→ **Activity**
Where a line of the data below has the string "inch", copy that line.

→ **Data extracts**
+---+
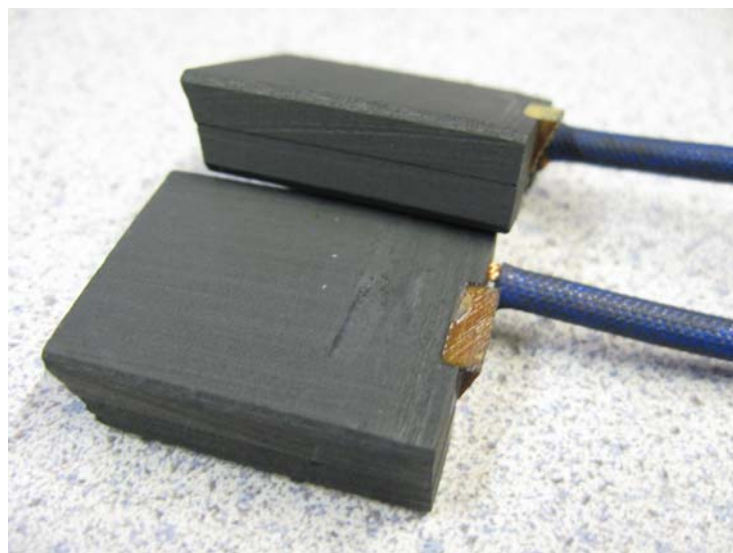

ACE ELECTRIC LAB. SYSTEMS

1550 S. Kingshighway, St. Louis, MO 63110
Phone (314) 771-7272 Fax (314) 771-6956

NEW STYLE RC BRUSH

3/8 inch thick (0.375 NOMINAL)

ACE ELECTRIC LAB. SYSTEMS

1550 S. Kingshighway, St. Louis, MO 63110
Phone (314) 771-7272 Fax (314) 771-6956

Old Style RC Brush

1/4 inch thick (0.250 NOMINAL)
+---+
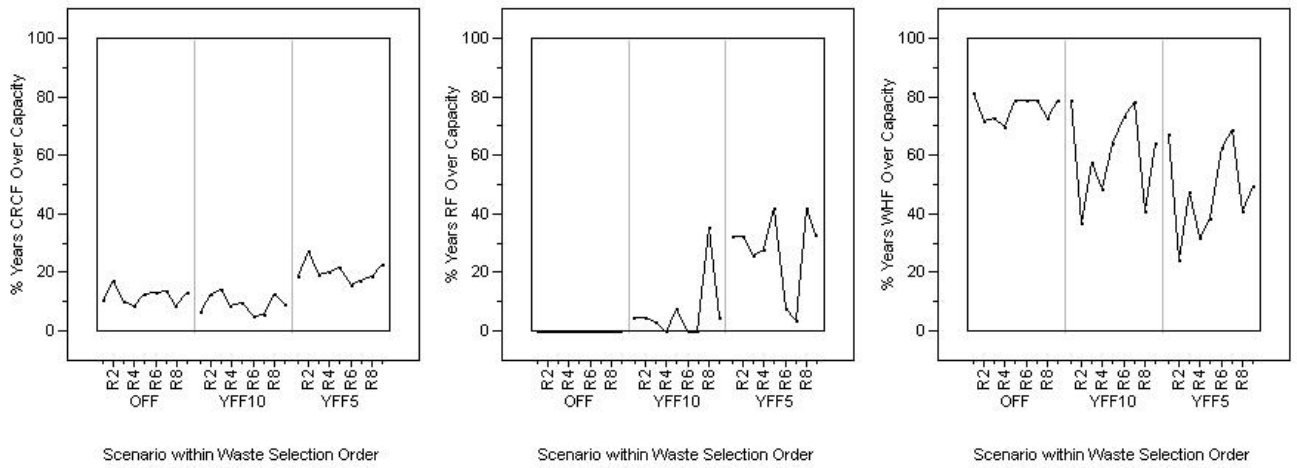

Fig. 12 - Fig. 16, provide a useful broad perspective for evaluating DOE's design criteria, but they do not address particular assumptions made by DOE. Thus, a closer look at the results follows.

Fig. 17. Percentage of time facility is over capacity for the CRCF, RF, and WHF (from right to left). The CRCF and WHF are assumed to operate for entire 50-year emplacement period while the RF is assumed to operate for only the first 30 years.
+---+
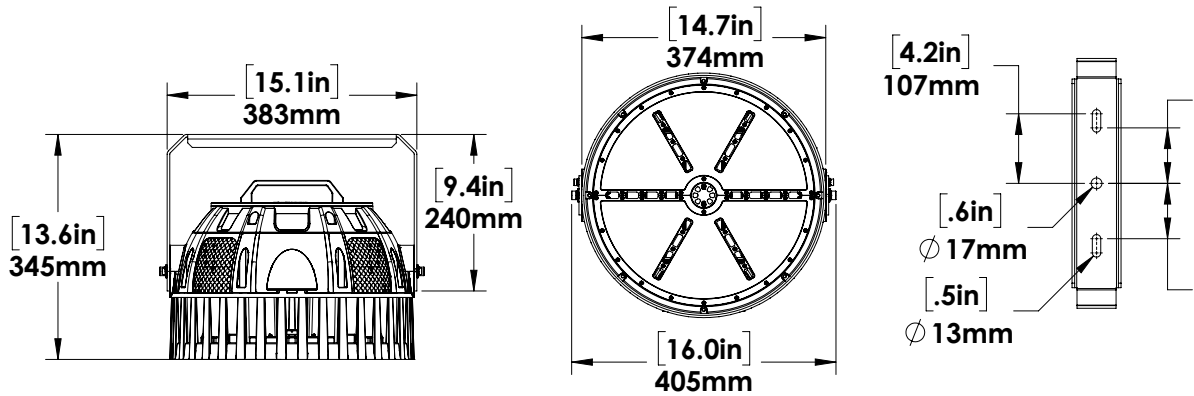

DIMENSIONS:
+---+
→ **Exercise solution**
3/8 inch thick (0.375 NOMINAL)
1/4 inch thick (0.250 NOMINAL)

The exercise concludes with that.